As Program Directors, you are the equivalent of the head chef…..you control the programming …“what comes out of the speakers”… just as the chef controls the kitchen and is responsible for what comes out of it. But, I hate to break the news to you….. the radio station isn’t just the programing department.
I strongly recommend that Program Directors learn how other parts of the business work, particularly sales. For too many PDs over the years, the sales department has been viewed as something akin to the enemy. Well, they are not. The sales team is there to generate the very lifeblood of a commercial station….revenue. The better you understand the pressures they are under and what they need to achieve their goals the better you will understand the business of radio. Also, by understanding their business you will be better equipped to block some of their potentially damaging ideas that could be at odds with the overall programming strategy!
Understand your budget and how to manage it. Not good with figures? Ask the finance department.

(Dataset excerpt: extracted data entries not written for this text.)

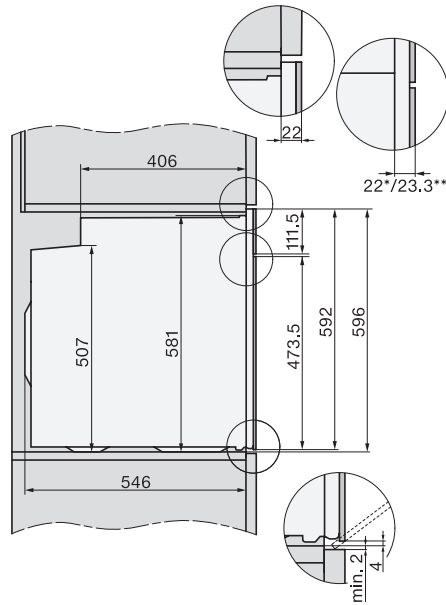

DGC 7450 GRGR Installation diagrams

Installation in a tall or base unit

Side view

Connections and ventilation

- ① Front view
- ② No connections permitted in this area
- ③ Ventilation cut out, min. 150 cm²

Dimensions are given in mm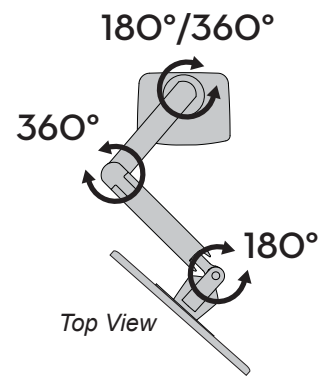

Arm in full up position: **8.2"** (211 mm)
 Arm at max extension: **11.3"** (290 mm)
 Arm in full down position: **8.7"** (223 mm)

© 2017 Ergotron, Inc. rev. 08/30/2017 DIM-MXV Content is subject to change without notification

APAC Sales

Tokyo, Japan
 www.ergotron.com
 apaccustomerservice@ergotron.com

Worldwide OEM Sales

www.ergotron.com
 info.oem@ergotron.com

MXV Desk Monitor Arm

Weight Capacity
7 lbs (3.2 kg) - 20 lbs. (9.1 kg)

Monitor depth greater than 2.5" (64 mm) may diminish capacity.
 Call Ergotron for more information.

Range of Motion

Side View

12.6" (320 mm)

Side View

Top View

Front View

Portrait/Landscape Rotation.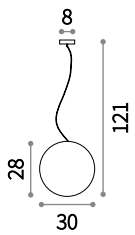

IP44
E27 max 1 x 60W
135991 White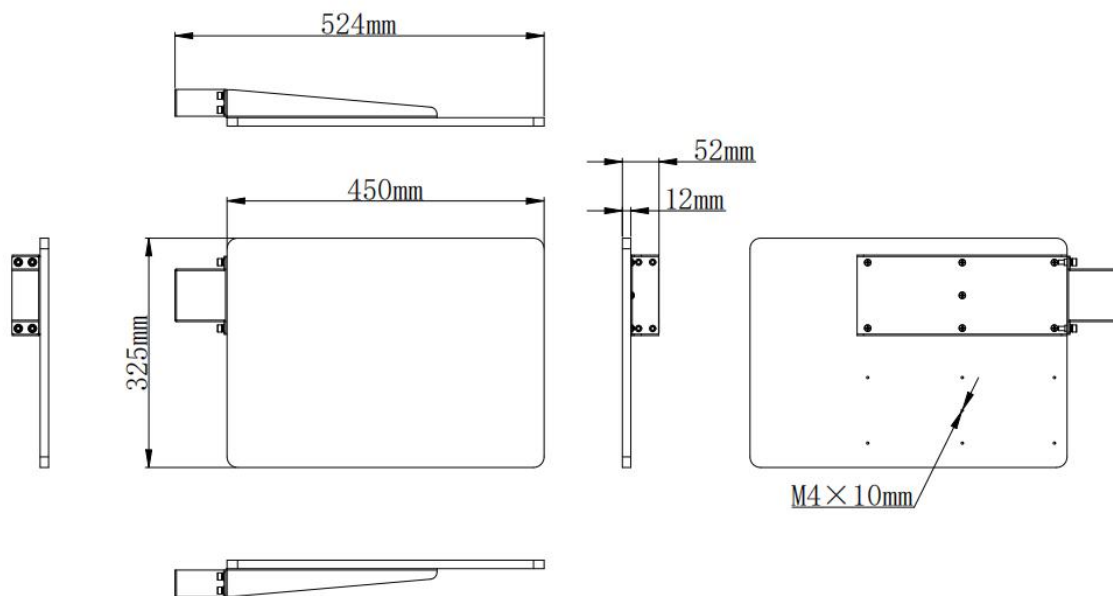

Laptop Shelf for CleverAscent Trolley Specifications

Features

Assembly Dimension	524 x 325 x 52mm
Dimension with Package	490 x 340 x 100mm
Gross Weight	3.2kg
Net Weight	2.35kg
Maximum Load-bearing	10kg
Adaptable Stand Models	EST09/EST11/EDL02

Statement

Size and weight vary by configuration and manufacturing process, please refer to the actual product. The product images are for illustrative purposes only and may slightly differ in appearance, colour, size, etc. from the actual product. The description, illustrations, etc. in this document may subject to change in accordance with the latest product specification and performance. Should the above-mentioned change in the document become necessary, the document may be updated without written notice.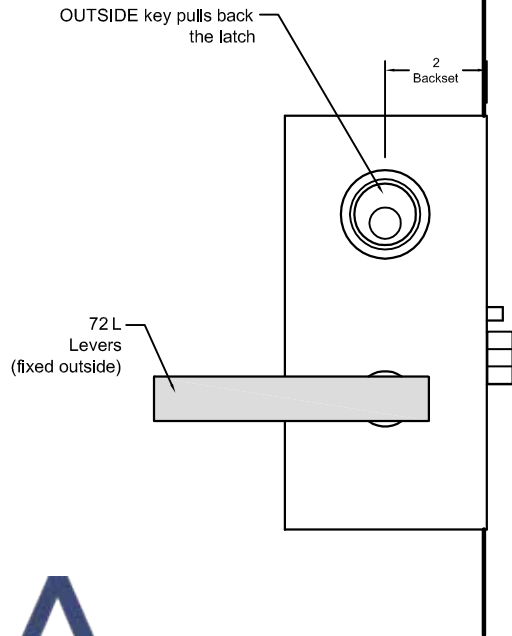

OUTSIDE
OF DOOR

INSIDE
OF DOOR

LH Shown

ACCURATE
LOCK & HARDWARE
AMERICAN CRAFTED SINCE 1972

- Notes:
- See Temp #T-ALH.G087 for glass prep information.

GO8759 - Storeroom Door Offset Glass Patch

Spec.G08759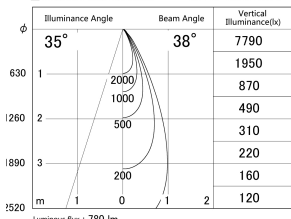

■ Lighting Distribution Curve (cd/1000 lm)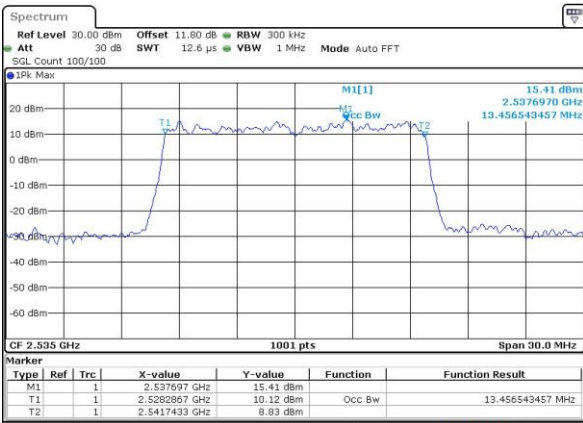

Highest Channel / 10MHz / 16QAM

Date: 6 APR 2017 10:40:42

LTE Band 7

Lowest Channel / 15MHz / QPSK

Date: 6 APR 2017 10:47:41

Lowest Channel / 15MHz / 16QAM

Date: 6 APR 2017 10:47:52

Middle Channel / 15MHz / QPSK

Date: 6 APR 2017 10:54:49

Middle Channel / 15MHz / 16QAM

Date: 6 APR 2017 10:55:00

Highest Channel / 15MHz / QPSK

Date: 6 APR 2017 10:57:18

Highest Channel / 15MHz / 16QAM

Date: 6 APR 2017 10:57:29

LTE Band 7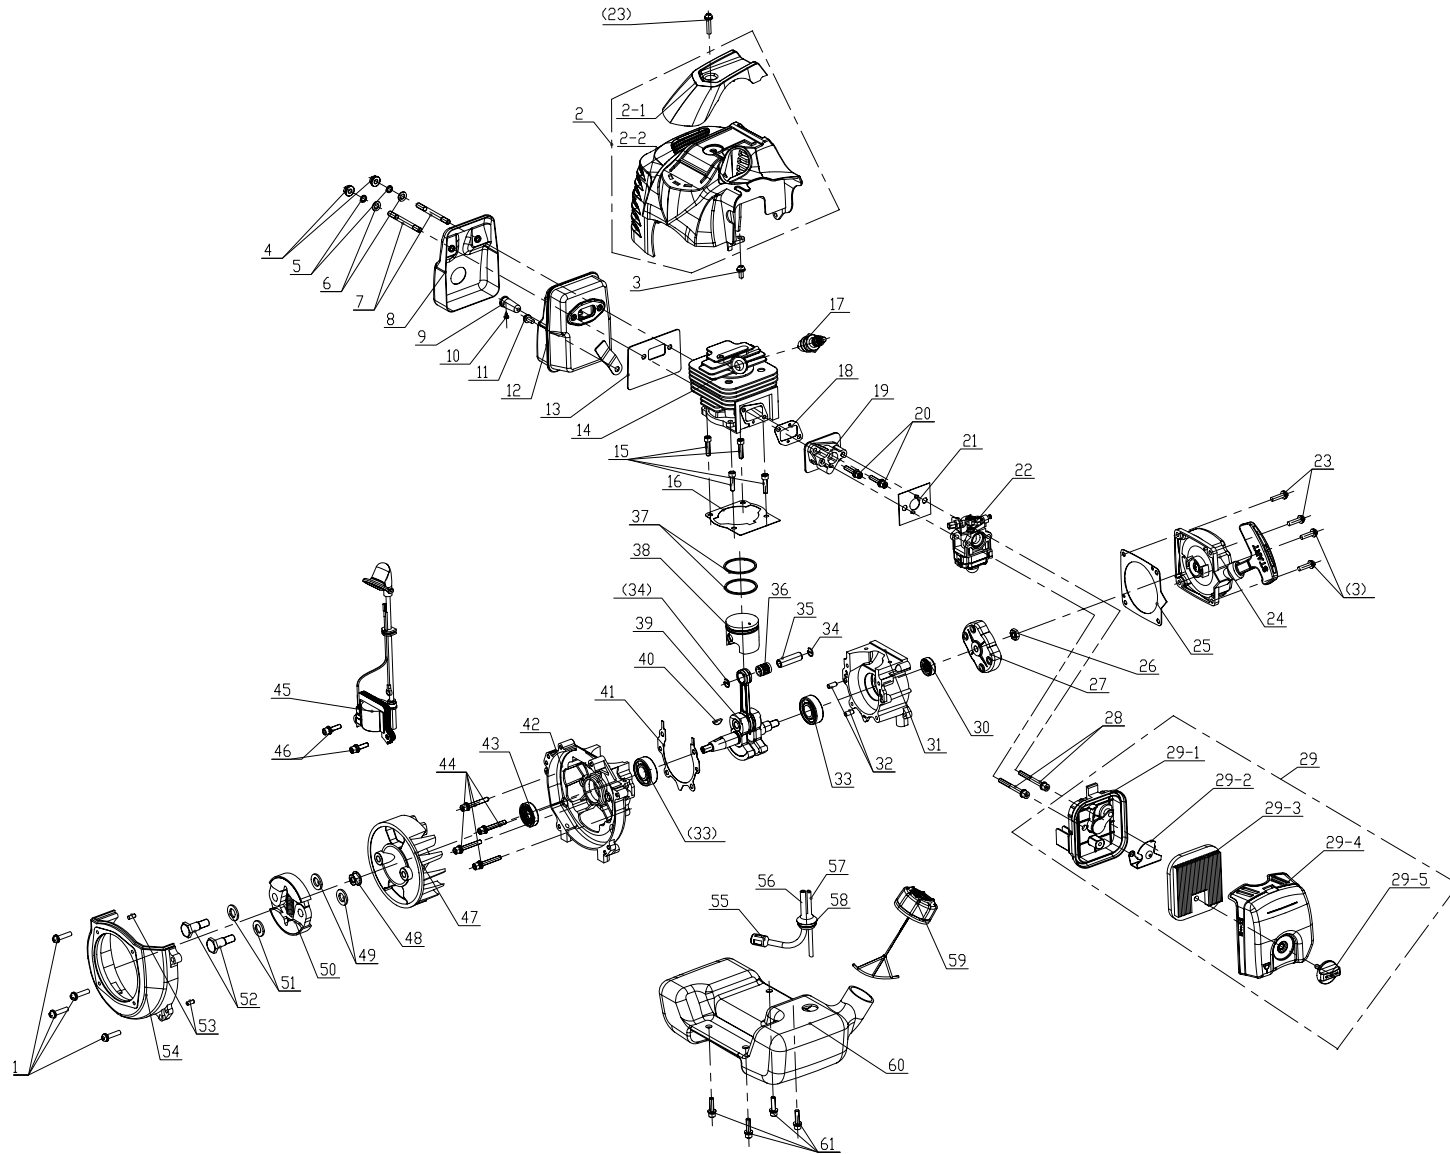

ENGINE PARTS DIAGRAM

Figure B

ENGINE PARTS LIST

#	Part Number	Description	Qty.
1	B13080502321	Bolt Assembly, M5 × 23	4
2	27060104039001	Cylinder Shield Assembly	1
2-1	37160104011000	Cylinder Shield, Cover	1
2-2	37150104011001	Cylinder Shield	1
3	B13080501627	Bolt Assembly, M5 × 16	3
4	B04280600026	Nut, M6	2
5	B07000006041	Spring Washer, Ø6	2
6	B07010006041	Washer, Ø6	2
7	B03070606381	Stud Bolt, AM6 × 63	2
8	36020104010000	Muffler Cover	1
9	37180104011000	Spark Arrestor	1
10	B05003506ECB	Screw, ST3.5 × 6.5	1
11	B13080501221	Bolt Assembly, M5 × 12	1
12	27090104011000	Muffler Assembly	1
13	32050104001000	Gasket, Muffler	1
14	32010107001000	Cylinder	1
15	B02040502061	Bolt, M5 × 20	4
16	32020107001000	Gasket, Cylinder	1
17	22030404001000	Spark Plug, L6	1
18	32020104001001	Gasket, Cylinder Intake	1
19	22020104001000	Cylinder Intake	1
20	B13360502561	Bolt Assembly, M5 × 25	2
21	32010104001001	Gasket, Carburetor	1
22	27030107001000	Carburetor Assembly	1
23	B13080502027	Bolt Assembly, M5 × 20	3
24	26050104011000	Starter Assembly	1
25	36090104001000	Gasket, Recoil Starter	1
26	36030104001000	Nut, M8	1
27	26060104011000	Starting Jaw Assembly	1
28	B02040505061	Bolt Assembly, M5 × 50	2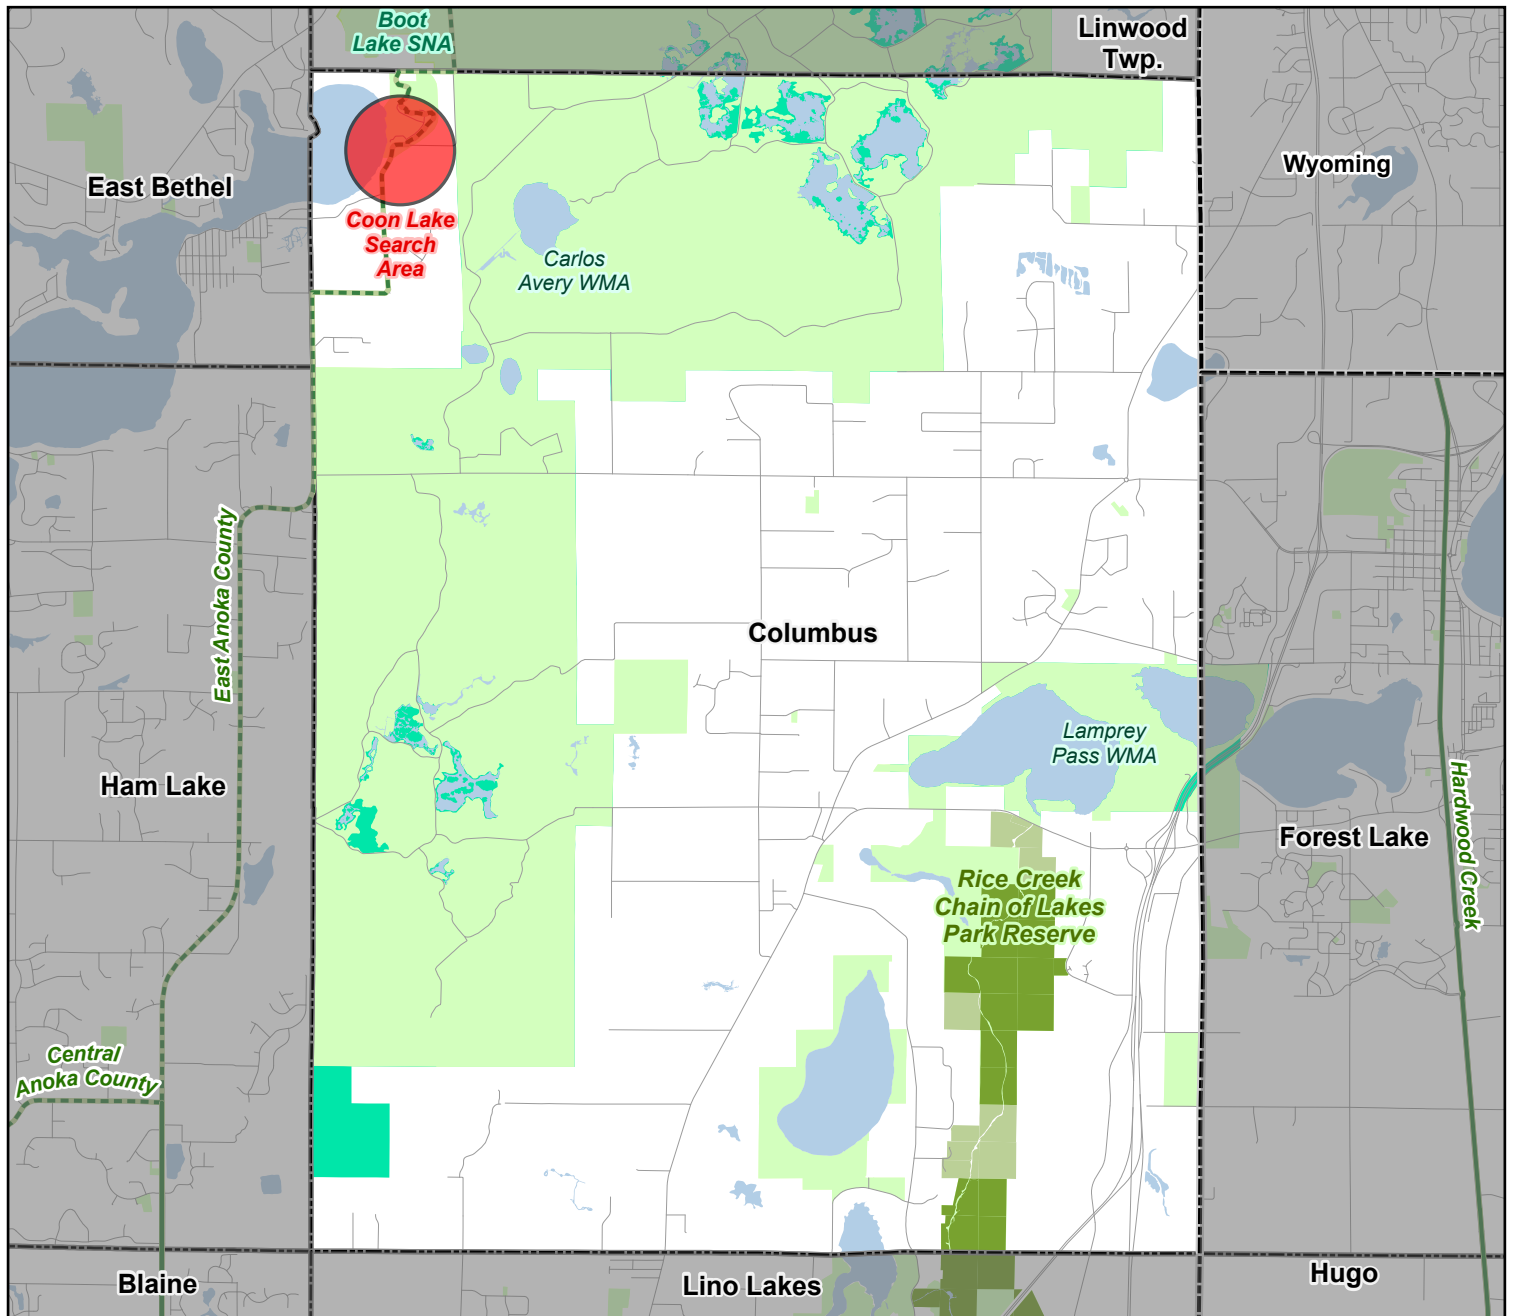

Regional Parks System City of Columbus, Anoka County

Regional Parks

- Existing (Open to Public)
- In Master Plan (Not Open to Public)
- Planned Parks and Reserves

Regional Trails

- Existing (Open to Public)
- Existing (Not Open to Public)
- Planned
- Regional Trail Corridor Land

Regional Park Search Areas and Regional Trail Search Corridors

- Boundary Adjustments
- Search Areas
- Regional Trail Search Corridors
- First-Ring City Bridging Facility Search Area

- State Parks
- State Wildlife Management Areas (Publicly Accessible)
- Scientific and Natural Areas (SNA)
- Special State Recreation Features
- Other Parks, Preserves, Refuges and Natural Areas
- Minnesota Valley National Wildlife Refuge
- MN Valley National Wildlife Refuge
- Minnesota Valley State Trail and Recreation Area
- Road Centerlines

How much does it actually cost to put on that Outside Broadcast? As the Program Director of a Talk station that was the overall #1 in Australia’s largest city, I quickly found out that OB’s featuring our major stars were being sold to clients with production recoveries far below what they actually cost the station. My predecessors just signed off on whatever figure they were presented with, failing to take into account the hire cost of the OB facility (yes we needed a secure structure from which to broadcast), the cost of landlines, the cost of security, the cost of catering etc. Given the station was averaging an OB a week, the difference in what it cost v what we had been recovering was many hundreds of thousands of dollars a year.
Get to know the engineering team, the news team……..understand what they do and how they do it.
When you understand the other parts of what makes a radio station tick, it makes it much easier for you to get your job of programming the station done. Every department should be working together towards the same goal.
A commercial radio station, just like a restaurant, is a business with many moving parts – get to understand the whole business.